* _TASK DIRECTIONS_:
The answer must be a single number: the count of lines in the records below that contain the word "funzioni".

* _WORKING DATA_:
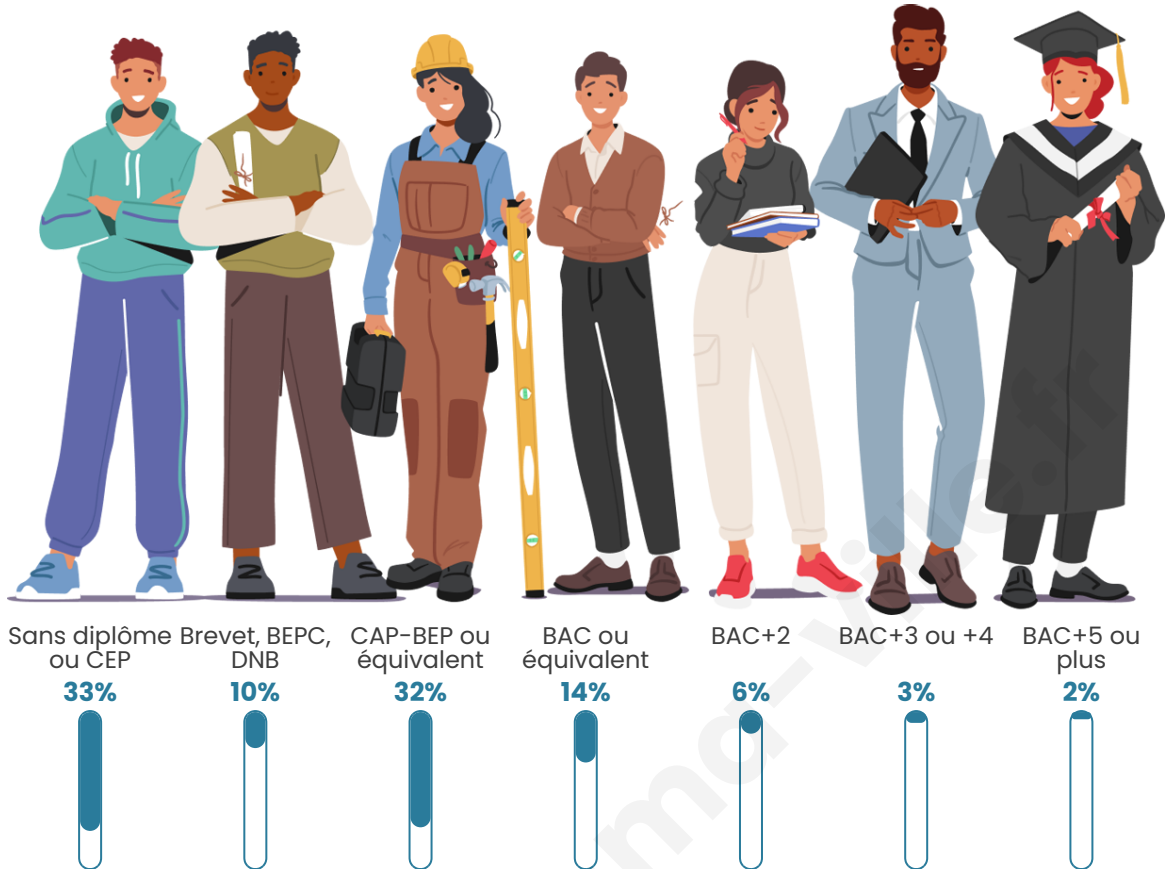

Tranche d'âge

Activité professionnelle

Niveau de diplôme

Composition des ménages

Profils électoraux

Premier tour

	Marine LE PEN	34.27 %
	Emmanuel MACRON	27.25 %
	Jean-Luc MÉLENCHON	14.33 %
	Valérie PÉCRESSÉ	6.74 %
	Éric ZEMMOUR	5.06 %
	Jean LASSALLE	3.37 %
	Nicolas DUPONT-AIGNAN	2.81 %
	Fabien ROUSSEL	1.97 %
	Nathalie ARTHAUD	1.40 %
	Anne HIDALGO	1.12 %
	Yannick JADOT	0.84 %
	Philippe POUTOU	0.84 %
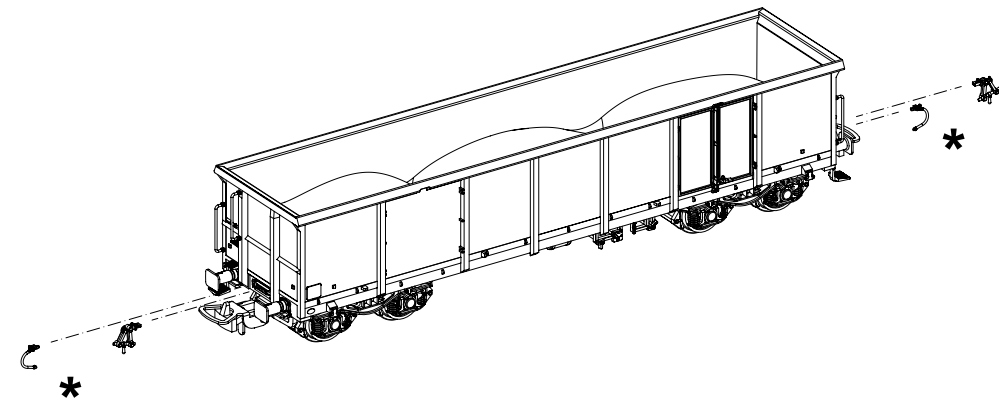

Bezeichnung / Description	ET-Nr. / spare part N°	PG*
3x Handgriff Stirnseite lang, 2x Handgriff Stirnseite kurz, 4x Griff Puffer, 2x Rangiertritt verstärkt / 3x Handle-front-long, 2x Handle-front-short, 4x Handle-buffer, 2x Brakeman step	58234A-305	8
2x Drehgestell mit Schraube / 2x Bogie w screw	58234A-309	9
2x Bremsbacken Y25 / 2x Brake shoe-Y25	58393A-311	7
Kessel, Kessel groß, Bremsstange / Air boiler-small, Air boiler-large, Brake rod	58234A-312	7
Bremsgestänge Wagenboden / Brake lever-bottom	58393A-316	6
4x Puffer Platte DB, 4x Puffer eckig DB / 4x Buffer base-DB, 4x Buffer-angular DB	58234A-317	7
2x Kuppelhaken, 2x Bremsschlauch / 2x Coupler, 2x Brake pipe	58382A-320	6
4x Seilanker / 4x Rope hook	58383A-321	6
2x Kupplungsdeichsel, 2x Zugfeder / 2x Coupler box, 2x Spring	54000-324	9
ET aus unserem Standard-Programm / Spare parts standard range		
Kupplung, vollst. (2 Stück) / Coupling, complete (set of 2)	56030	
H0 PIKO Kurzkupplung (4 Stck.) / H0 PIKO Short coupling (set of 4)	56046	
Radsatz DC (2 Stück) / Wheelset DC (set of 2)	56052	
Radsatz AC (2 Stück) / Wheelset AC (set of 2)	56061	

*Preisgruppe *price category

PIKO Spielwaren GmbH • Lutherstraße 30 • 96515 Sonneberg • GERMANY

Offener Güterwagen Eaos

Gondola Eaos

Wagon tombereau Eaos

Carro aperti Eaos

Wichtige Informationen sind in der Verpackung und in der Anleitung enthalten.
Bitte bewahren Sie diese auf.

--

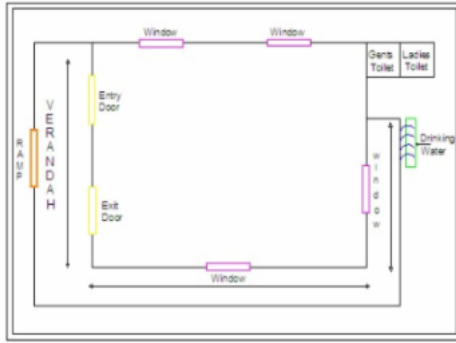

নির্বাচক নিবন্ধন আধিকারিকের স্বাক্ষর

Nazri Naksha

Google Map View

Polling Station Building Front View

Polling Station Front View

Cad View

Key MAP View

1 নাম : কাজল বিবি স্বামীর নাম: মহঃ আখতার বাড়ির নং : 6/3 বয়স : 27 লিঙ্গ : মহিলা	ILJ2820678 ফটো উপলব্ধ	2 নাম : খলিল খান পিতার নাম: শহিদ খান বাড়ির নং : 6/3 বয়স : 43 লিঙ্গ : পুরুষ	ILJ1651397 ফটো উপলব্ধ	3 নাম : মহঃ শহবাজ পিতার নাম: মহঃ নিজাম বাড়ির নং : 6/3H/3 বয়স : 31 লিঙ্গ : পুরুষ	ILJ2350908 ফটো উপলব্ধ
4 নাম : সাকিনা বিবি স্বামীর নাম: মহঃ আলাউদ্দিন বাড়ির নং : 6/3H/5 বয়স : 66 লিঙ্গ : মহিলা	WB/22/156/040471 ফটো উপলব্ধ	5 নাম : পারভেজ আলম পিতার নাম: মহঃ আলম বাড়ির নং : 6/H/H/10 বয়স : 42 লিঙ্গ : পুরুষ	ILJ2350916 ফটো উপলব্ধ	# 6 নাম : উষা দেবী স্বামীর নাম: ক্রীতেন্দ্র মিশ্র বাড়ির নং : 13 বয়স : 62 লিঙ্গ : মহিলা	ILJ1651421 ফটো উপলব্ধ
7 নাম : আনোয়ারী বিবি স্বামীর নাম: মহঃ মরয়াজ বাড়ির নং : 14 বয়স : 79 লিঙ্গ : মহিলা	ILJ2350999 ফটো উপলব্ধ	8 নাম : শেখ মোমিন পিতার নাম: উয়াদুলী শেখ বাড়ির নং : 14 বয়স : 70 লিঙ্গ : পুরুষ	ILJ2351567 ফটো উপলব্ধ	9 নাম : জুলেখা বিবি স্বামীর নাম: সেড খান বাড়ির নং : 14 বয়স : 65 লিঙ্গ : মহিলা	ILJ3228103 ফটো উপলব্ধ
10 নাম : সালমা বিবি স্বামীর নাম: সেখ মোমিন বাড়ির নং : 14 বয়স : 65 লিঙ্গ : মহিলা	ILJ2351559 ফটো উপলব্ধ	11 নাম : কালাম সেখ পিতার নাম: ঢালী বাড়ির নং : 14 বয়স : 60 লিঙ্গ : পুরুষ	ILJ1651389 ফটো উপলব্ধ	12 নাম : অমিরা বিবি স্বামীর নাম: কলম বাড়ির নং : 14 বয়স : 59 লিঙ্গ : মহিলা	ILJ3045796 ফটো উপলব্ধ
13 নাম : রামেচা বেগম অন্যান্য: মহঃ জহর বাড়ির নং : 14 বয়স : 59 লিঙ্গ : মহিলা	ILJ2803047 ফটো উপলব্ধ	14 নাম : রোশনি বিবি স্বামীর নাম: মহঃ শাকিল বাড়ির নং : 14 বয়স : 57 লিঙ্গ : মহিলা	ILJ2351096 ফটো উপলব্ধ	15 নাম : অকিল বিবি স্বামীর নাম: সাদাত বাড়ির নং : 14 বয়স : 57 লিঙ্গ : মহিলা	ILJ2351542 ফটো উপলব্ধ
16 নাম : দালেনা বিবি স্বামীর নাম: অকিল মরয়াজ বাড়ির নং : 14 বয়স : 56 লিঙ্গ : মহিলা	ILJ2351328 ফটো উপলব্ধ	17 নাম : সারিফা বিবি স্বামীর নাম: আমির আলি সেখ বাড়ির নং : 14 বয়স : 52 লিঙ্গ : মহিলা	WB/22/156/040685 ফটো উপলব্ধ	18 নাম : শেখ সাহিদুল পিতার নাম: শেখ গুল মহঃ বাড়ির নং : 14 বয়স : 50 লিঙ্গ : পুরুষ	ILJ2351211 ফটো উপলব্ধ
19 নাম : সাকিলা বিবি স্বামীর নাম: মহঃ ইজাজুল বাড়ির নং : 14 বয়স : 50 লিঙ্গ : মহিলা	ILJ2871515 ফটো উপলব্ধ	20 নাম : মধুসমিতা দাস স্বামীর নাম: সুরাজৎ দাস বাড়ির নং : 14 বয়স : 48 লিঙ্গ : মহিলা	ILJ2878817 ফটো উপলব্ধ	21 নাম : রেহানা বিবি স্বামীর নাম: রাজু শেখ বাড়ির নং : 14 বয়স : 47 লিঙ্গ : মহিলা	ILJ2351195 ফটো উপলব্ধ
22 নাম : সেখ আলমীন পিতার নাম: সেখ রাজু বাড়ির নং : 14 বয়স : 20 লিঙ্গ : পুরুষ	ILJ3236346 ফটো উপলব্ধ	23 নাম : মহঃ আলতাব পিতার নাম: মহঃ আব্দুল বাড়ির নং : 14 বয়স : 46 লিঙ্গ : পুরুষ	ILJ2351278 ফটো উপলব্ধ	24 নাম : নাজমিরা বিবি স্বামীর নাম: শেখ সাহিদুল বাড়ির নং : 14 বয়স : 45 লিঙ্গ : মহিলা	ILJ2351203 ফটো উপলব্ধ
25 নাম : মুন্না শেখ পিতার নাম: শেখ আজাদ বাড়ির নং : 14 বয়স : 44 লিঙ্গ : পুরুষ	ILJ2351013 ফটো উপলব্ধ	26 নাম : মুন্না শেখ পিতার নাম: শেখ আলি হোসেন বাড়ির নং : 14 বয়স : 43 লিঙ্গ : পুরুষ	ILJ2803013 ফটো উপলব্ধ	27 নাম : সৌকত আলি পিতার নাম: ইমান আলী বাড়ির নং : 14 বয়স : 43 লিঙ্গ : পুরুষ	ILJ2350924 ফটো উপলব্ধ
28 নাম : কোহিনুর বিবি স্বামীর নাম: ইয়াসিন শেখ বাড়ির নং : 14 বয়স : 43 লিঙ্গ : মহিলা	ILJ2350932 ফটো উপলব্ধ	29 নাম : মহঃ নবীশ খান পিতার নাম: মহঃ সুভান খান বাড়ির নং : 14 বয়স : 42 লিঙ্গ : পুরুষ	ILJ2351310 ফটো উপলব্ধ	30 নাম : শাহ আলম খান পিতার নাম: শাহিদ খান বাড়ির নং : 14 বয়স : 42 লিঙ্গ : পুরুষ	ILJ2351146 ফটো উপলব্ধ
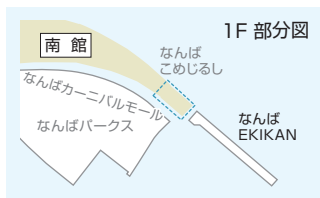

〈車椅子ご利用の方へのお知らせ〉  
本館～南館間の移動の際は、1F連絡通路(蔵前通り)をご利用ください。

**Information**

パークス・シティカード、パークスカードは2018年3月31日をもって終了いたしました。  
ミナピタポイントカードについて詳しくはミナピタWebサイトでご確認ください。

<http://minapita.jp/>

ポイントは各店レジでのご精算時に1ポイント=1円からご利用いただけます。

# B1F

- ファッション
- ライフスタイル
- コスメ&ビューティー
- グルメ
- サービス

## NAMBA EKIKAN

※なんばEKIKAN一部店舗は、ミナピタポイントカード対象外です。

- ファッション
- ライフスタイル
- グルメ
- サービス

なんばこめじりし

...

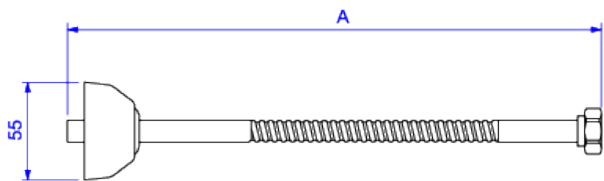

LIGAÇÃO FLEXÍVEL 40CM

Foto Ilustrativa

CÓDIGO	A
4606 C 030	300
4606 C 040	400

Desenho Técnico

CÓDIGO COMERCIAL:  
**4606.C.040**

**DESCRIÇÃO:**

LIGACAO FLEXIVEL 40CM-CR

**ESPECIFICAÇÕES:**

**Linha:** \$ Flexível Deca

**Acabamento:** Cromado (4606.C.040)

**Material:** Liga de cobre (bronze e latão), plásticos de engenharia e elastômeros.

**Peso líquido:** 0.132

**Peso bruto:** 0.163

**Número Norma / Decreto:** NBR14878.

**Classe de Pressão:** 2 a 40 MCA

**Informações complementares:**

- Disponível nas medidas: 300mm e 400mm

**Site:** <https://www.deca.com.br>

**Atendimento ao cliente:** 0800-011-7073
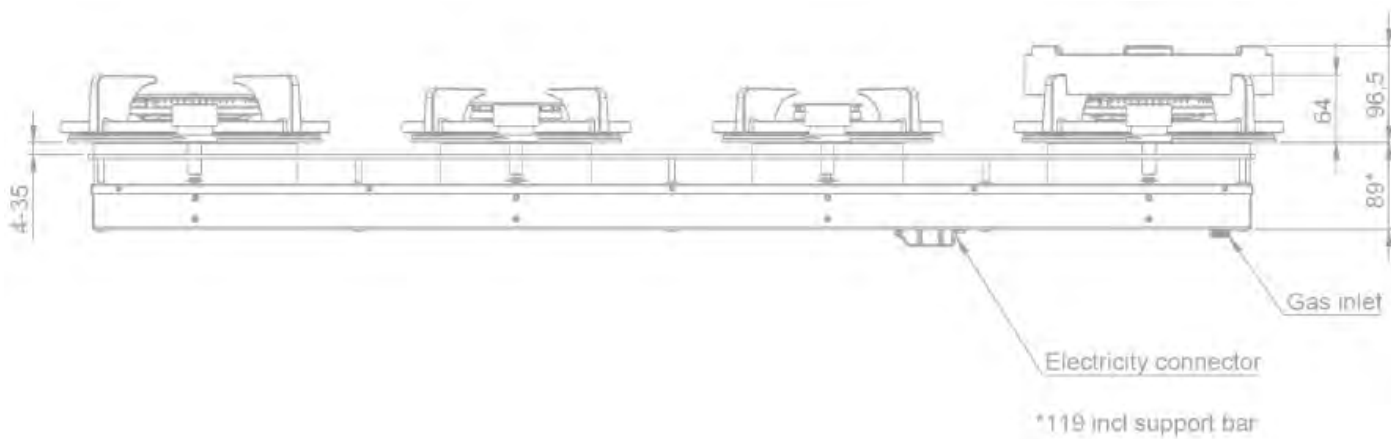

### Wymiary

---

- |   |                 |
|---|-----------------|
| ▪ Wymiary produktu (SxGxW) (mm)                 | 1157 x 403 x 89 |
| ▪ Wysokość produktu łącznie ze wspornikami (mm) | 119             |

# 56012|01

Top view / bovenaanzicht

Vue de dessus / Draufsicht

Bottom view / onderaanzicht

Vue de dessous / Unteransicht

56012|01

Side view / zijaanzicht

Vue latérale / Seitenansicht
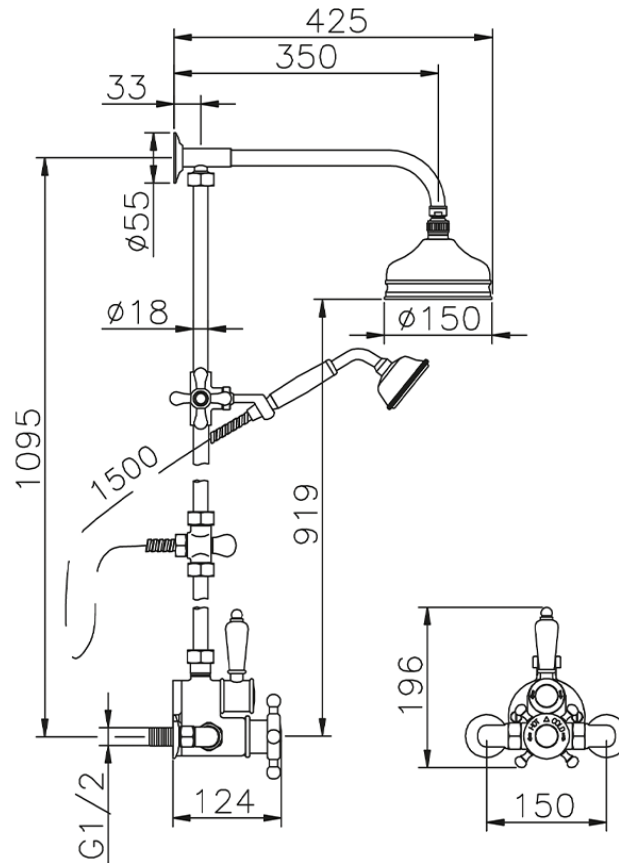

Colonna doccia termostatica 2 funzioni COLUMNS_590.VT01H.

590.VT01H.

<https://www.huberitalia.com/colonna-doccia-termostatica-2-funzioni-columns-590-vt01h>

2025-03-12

* _WORKED SOLUTION_:
2